Breast cancer survival in relation to the metastatic tumor burden in axillary lymph nodes

J Clin Oncol. 2010 Jun 10;28(17):2868-73. doi: 10.1200/JCO.2009.24.5001. Epub 2010 May 10.

Abstract

Purpose: The aim of this study was to determine the prognostic significance of lymph node micrometastases in patients with breast cancer.

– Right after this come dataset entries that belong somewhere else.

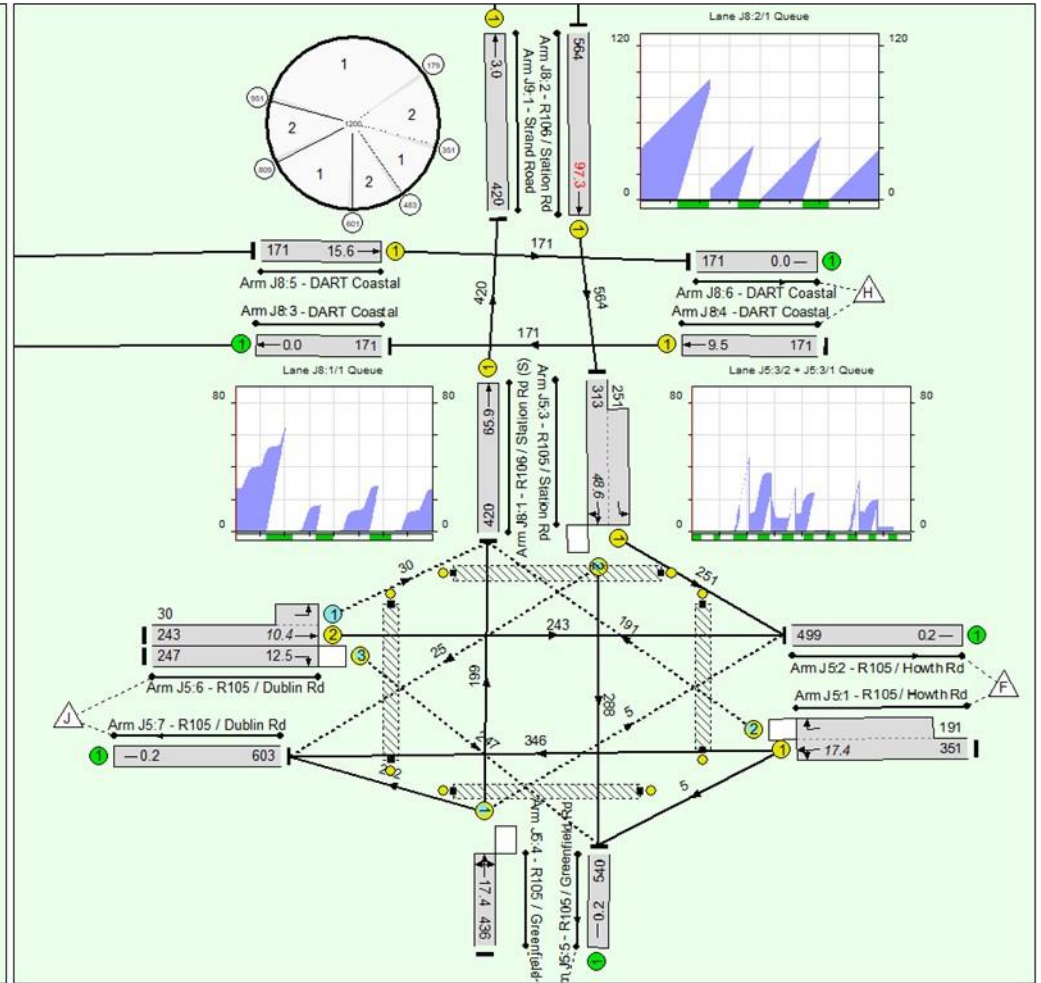

Appendix B

LinSig outputs

Kilbarrack 3TPH WTT

Kilbarrack 6TPH Clock Face

Sutton 3TPH WTT

Sutton 6TPH Clock Face

Sutton 6TPH Clock Face +2 minute Offset

Sutton 6TPH Clock Face +3 minute Offset

Patients and methods: Between September 2000 and January 2004, 3,369 patients with breast cancer were included in a prospective cohort. According to their lymph node status, they were classified in the following four groups: 2,383 were node negative, 107 had isolated tumor cells, 123 had micrometastases, and 756 had macrometastases. Median follow-up time was 52 months. Kaplan-Meier estimates and the multivariate Cox proportional hazard regression model were used to analyze survival.

Results: Five-year cause-specific and event-free survival rates were lower for patients with micrometastases (pN1mi) than for node-negative (pN0) patients (94.1% v 96.9% and 79.6% v 87.1%, respectively; P = .020 and P = .032, respectively). There was no significant survival difference between node-negative patients and those with isolated tumor cells. The overall survival of pN1mi and pN0 patients did not differ.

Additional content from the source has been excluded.